>>>

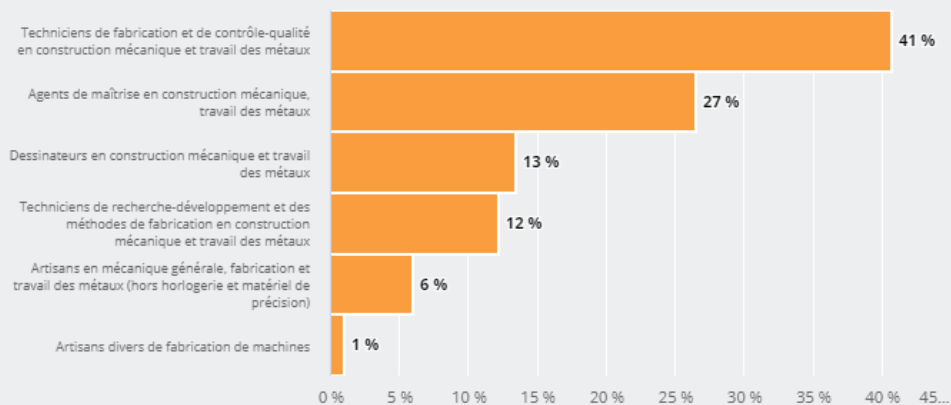

MÉTIERS

FAMILLES PROFESSIONNELLES
REGROUPÉES

TECHNICIENS ET AGENTS DE MAÎTRISE DES INDUSTRIES
MÉCANIQUES

EMPLOI

QUI EXERCE CE **MÉTIER** EN RÉGION ?

L'ÂGE DES PERSONNES EXERÇANT CE MÉTIER

31 %

des personnes exerçant ce métier ont 50 ans ou plus

35 800

personnes exercent ce métier, soit

1,0 %

des emplois de la région en 2020

+ 4 %

d'emploi entre 2008 et 2020 dans ce métier (+ 7 % tous métiers)

13 %

de femmes (48 % tous métiers)

LE NIVEAU DE FORMATION DES PERSONNES EXERÇANT CE MÉTIER

48 %

des personnes exerçant ce métier ont un diplôme d'études supérieures

LES PERSONNES EXERÇANT CE MÉTIER PAR DÉPARTEMENT

26,0 % des personnes exerçant ce métier se situent dans le département du Rhône (27,7 % tous métiers)

Personnes exerçant ce métier en %
 0 10 20 30
 Personnes exerçant ce métier

LES MÉTIERS À UN NIVEAU PLUS DÉTAILLÉ

41 % des personnes exerçant ce métier sont «Techniciens de fabrication et de contrôle-qualité en construction mécanique et travail des métaux»
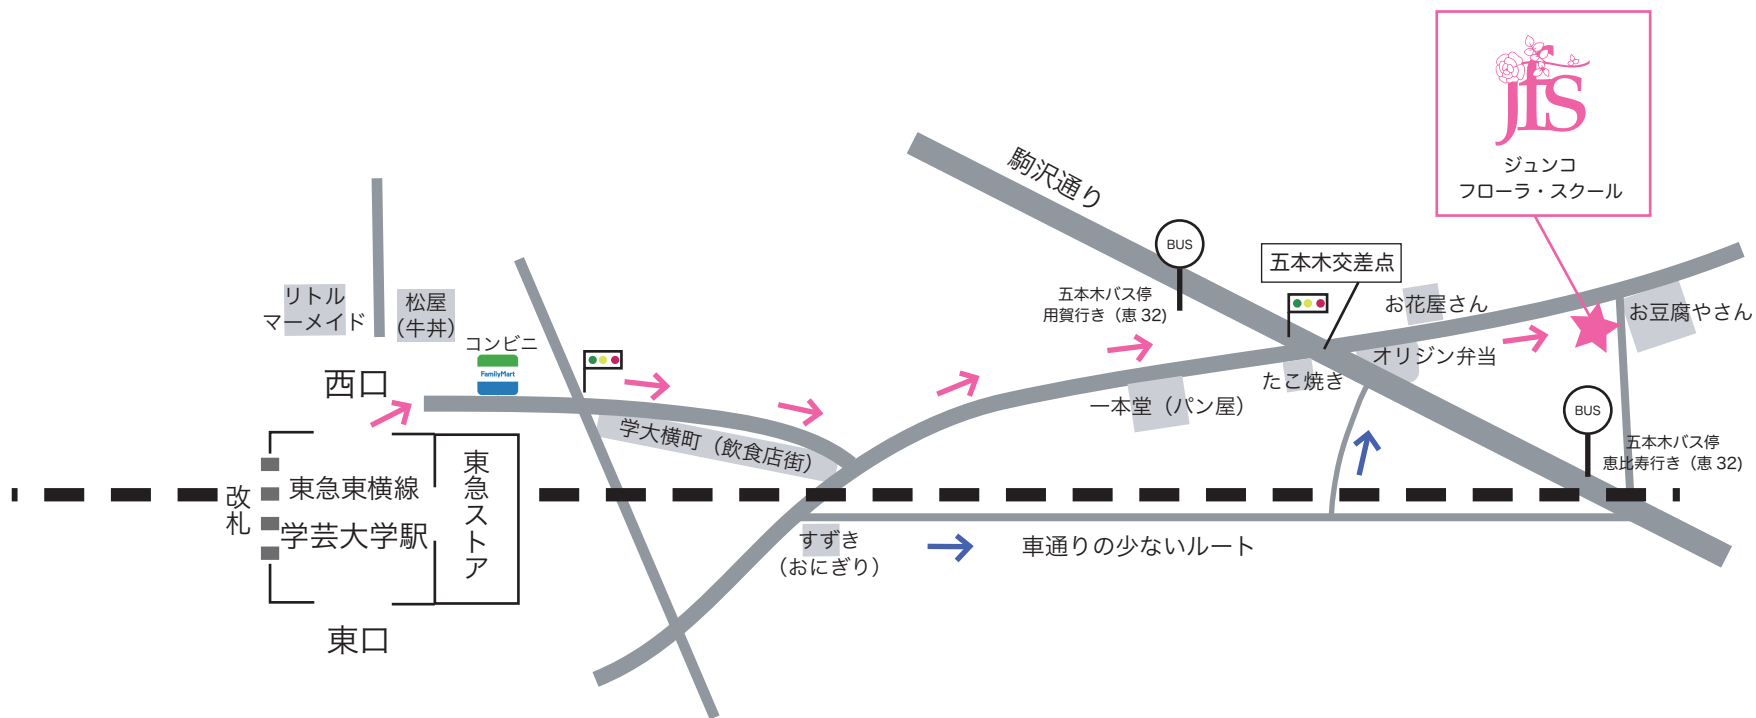

●電車でお越しの場合：東急東横線学芸大学駅 徒歩6分

●バスでお越しの場合：五本木バス停（恵3 2用賀⇄恵比寿）より徒歩1分

ジュンコ・フローラ・スクール

住所：目黒区五本木2-54-16

TEL：03-5860-7516

- ① 学芸大学駅 改札を出たら左の西口へ。
- ② 西口に出たら右折し、高架に添ってまっすぐ進みます。
- ③ 信号を渡り、学大横町（飲食店街）に沿って歩き、ほぼまっすぐ行くと五本木の交差点です。
- ④ 五本木の交差点を渡った右側（オリジン弁当側）、クリーニング屋さんの隣、お豆腐屋さんの手前です。
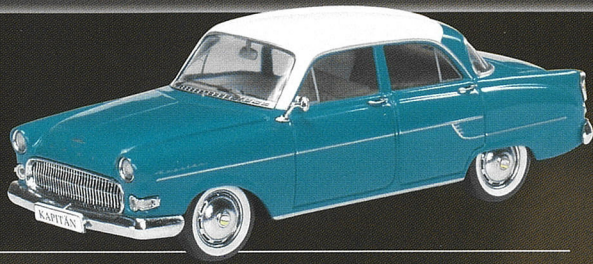

Schuco®

THE LEGEND IN TOYS

NEUHEITEN HERBST/WINTER
NEW RELEASES AUTUMN/WINTER 2002

Edition 1:18

Mercedes-Benz 170V 00039
„Bestattungsinstitut“ mit 2 Figuren
„Bestattungsinstitut“ with 2 figures
Limitierte Auflage weltweit 1000 Stück
Limited to 1000 pcs worldwide

BMW R90/S 06520
rauchsilber/smoke silver

Edition 1:43

Opel Kapitän 1956

02631

VW Bus T1 Pritsche mit Piccolo-Motorrad NSU Max
VW Bus T1 pick up with Piccolo Motorcycle NSU Max
Limitierte Auflage weltweit 1000 Stück
Limited to 1000 pcs worldwide
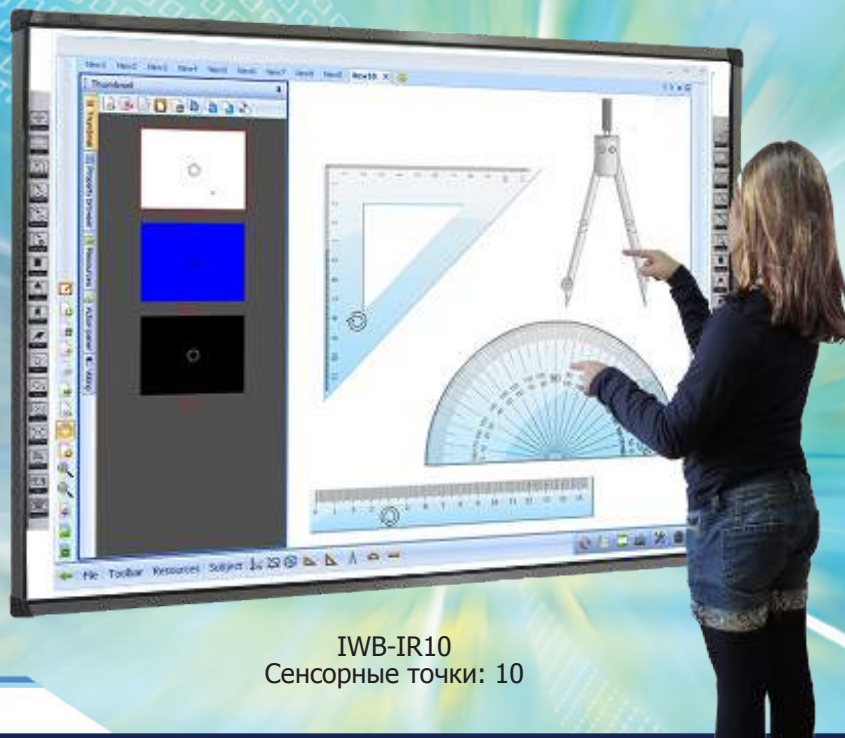

## SmartMedia серия Мультисенсорная инфракрасная интерактивная доска

что делает компьютер и проектор мощными инструментами для обучения и интерактивных уроков

IWB-IR10  
Сенсорные точки: 10

**разработан специально для использования в школах**
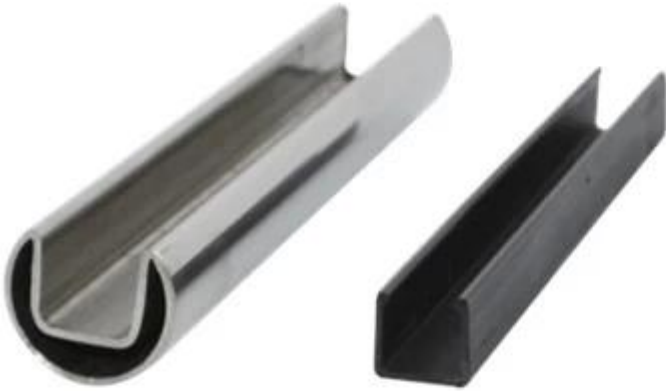

## Mini barra superior de la barandilla barandilla de vidrio

tipo	carril superior redonda	carril superior cuadrada
material	acero inoxidable 316 / 316L	acero inoxidable 316 / 316L
terminar	espejo o satinado	espejo o satinado
dimensión	día 25.4 mm, ranura 14 * 14 mm, 5,8 metros por longitud	25 * 21 mm, ranura 14 * 14 mm, 5.8 longitud metro REA
Fo espesor del vidrio	12mm	12mm
accesorios ferroviarios	round 180 conector grados, 90 grados Connector, de pared a conne ferroviariodotor, tapa	plaza 180 grados conector, 90 conector de grado, de pared a conexiones por ferrocarriltor, tapa

**Round top rail**

**square top rail**

PROYECTO DE DEMOSTRACIÓN

Si usted tiene interés en nuestros productos, por favor vaya a nuestra [página principal](#), Y le ayudará a encontrar los productos que need.or [en contacto con us](#) de recomendación.
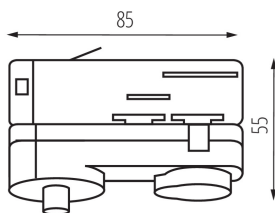

33267 TEAR N PADAPTOR-B

Акcesoари за релсови системи

5905339332677

ОБЩИ ДАННИ:

Цвят: черен

Място на монтаж: за шина TEAR

Място на приложение: на закрито

Дължина [mm]: 85

Широчина [mm]: 32

Височина [mm]: 55

ТЕХНИЧЕСКИ ДАННИ:

Номинално напрежение [V]: 220-240 AC

Номинален ток [A]: 10

Номинална честота [Hz]: 50

Категория на защита от токов удар: I

Обхват на околната температура, на която може да бъде изложен продуктът [°C]: 5÷25

Материал на корпуса: пластмаса

Степен на защита IP: 20

ЛОГИСТИЧНИ ДАННИ:

Как е опаковано: 100

Количество бройки в междинна опаковка: 1

Количество бройки в сборна опаковка: 100

Единично нето тегло [g]: 80

Грамаж [g]: 83.9

Дължина на единична опаковка [cm]: 10

Ширина на единична опаковка [cm]: 7

Височина на единична опаковка [cm]: 4

Тегло на кашон [kg]: 8.39

Ширина на кашон [cm]: 27.5

Височина на кашон [cm]: 27.5

Дължина на кашон [cm]: 36.5
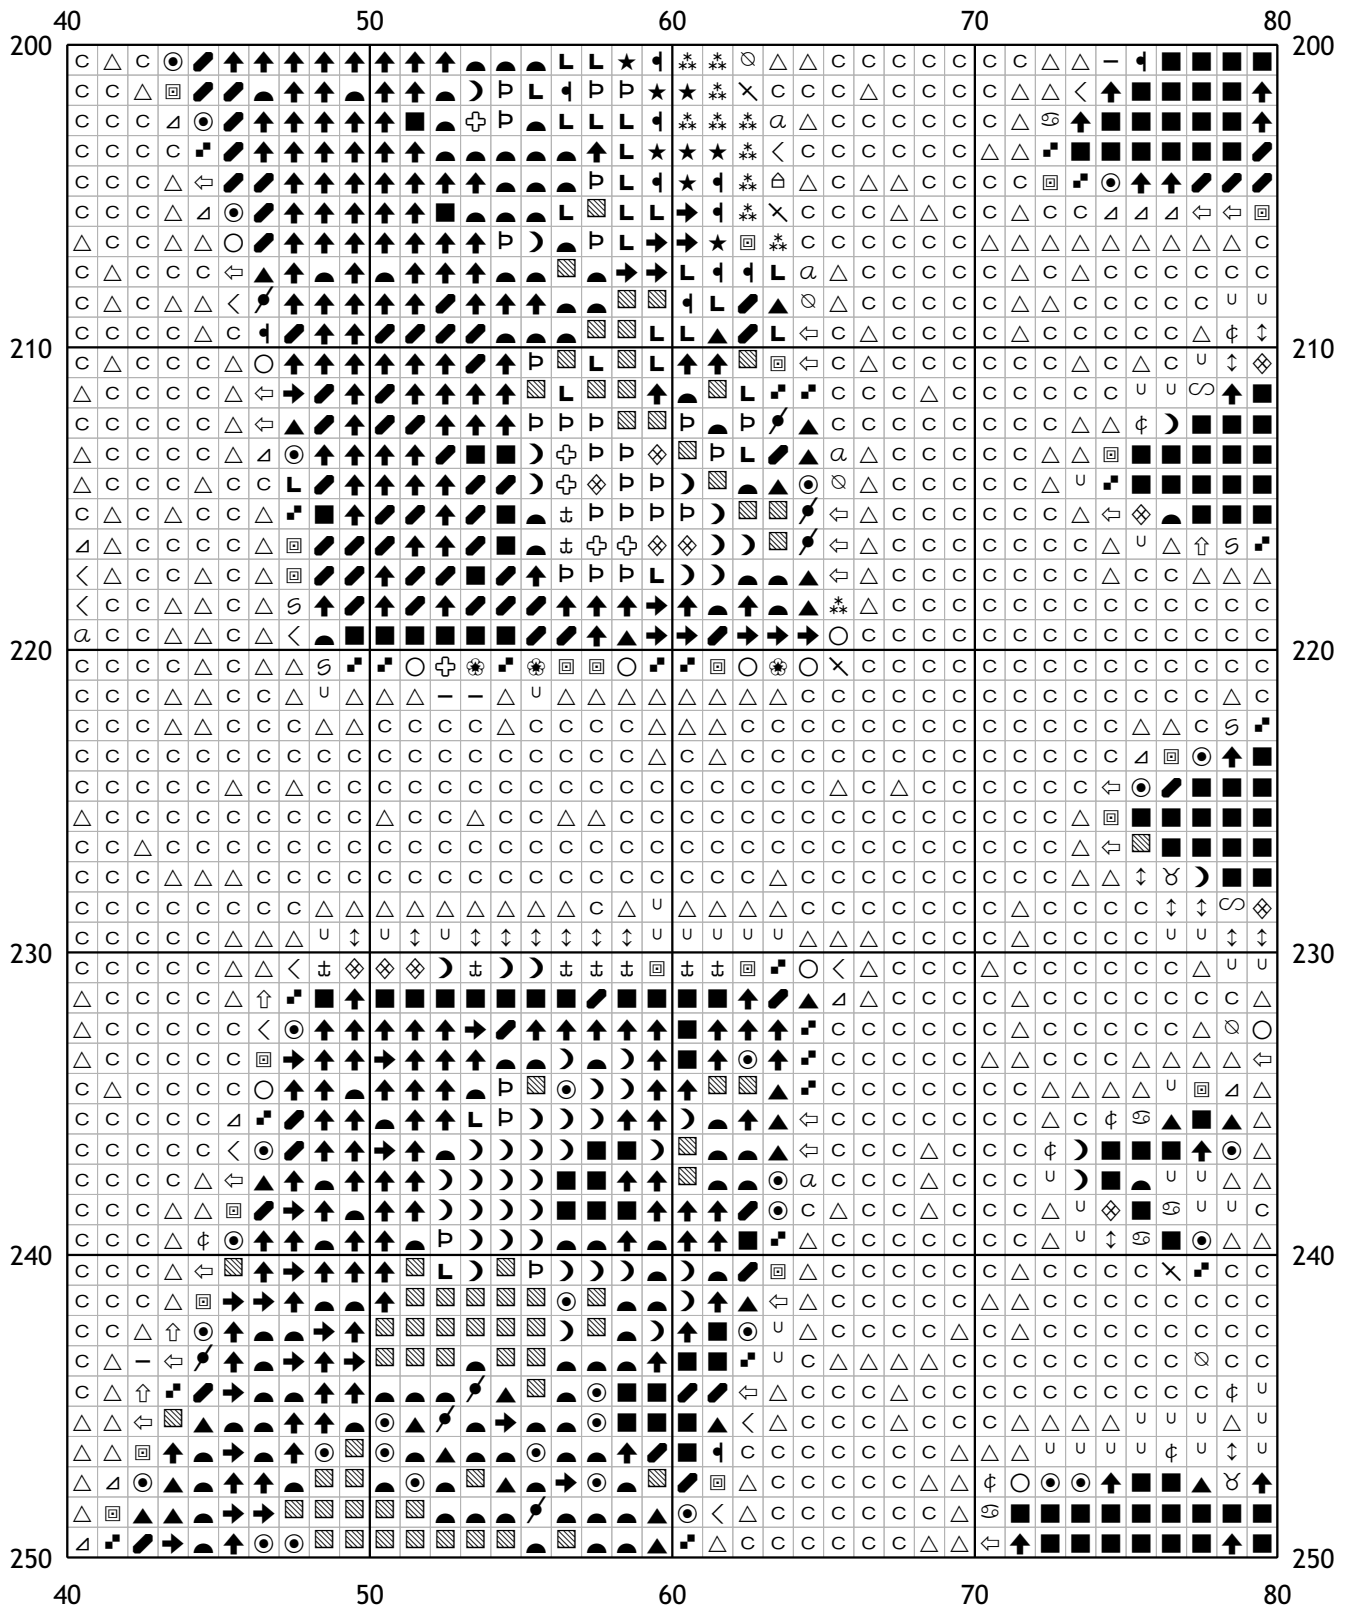

Схема для вышивания крестом

Каталог: igolki.net

Код схемы: dwuyurqhom

Название: баксы

Оттенков: 40

Размер: 250x250 стежков.

Разбивка схемы: 7x5 страниц

Версия процессора: 0.2.0

160	170	180	190	200
100	110	120	130	140
150	160	170	180	190
200	190	180	170	160

200	210	220	230	240
100	100	100	100	100
110	110	110	110	110
120	120	120	120	120
130	130	130	130	130
140	140	140	140	140
150	150	150	150	150
200	210	220	230	240

160	170	180	190	200
150	160	170	180	190
160	170	180	190	200
170	180	190	200	150
180	190	200	150	160
190	200	150	160	170
200	150	160	170	180
160	170	180	190	200
170	180	190	200	150
180	190	200	150	160
190	200	150	160	170
200	150	160	170	180

200	210	220	230	240
150	150	150	150	150
160	160	160	160	160
170	170	170	170	170
180	180	180	180	180
190	190	190	190	190
200	210	220	230	240

80	90	100	110	120		
200						200
210						210
220						220
230						230
240						240
250						250
80	90	100	110	120

<<<

- TASK PROMPT:
Return exactly the stretch above whose first line contains "Opel Kapitän 1956" and whose last line contains "longitud metro REA", and nothing outside it. The pictures should not appear.

- RESULT:
Opel Kapitän 1956

02631

VW Bus T1 Pritsche mit Piccolo-Motorrad NSU Max
VW Bus T1 pick up with Piccolo Motorcycle NSU Max
Limitierte Auflage weltweit 1000 Stück
Limited to 1000 pcs worldwide

## SmartMedia серия Мультисенсорная инфракрасная интерактивная доска

что делает компьютер и проектор мощными инструментами для обучения и интерактивных уроков

IWB-IR10  
Сенсорные точки: 10

**разработан специально для использования в школах**

## Mini barra superior de la barandilla barandilla de vidrio

tipo	carril superior redonda	carril superior cuadrada
material	acero inoxidable 316 / 316L	acero inoxidable 316 / 316L
terminar	espejo o satinado	espejo o satinado
dimensión	día 25.4 mm, ranura 14 * 14 mm, 5,8 metros por longitud	25 * 21 mm, ranura 14 * 14 mm, 5.8 longitud metro REA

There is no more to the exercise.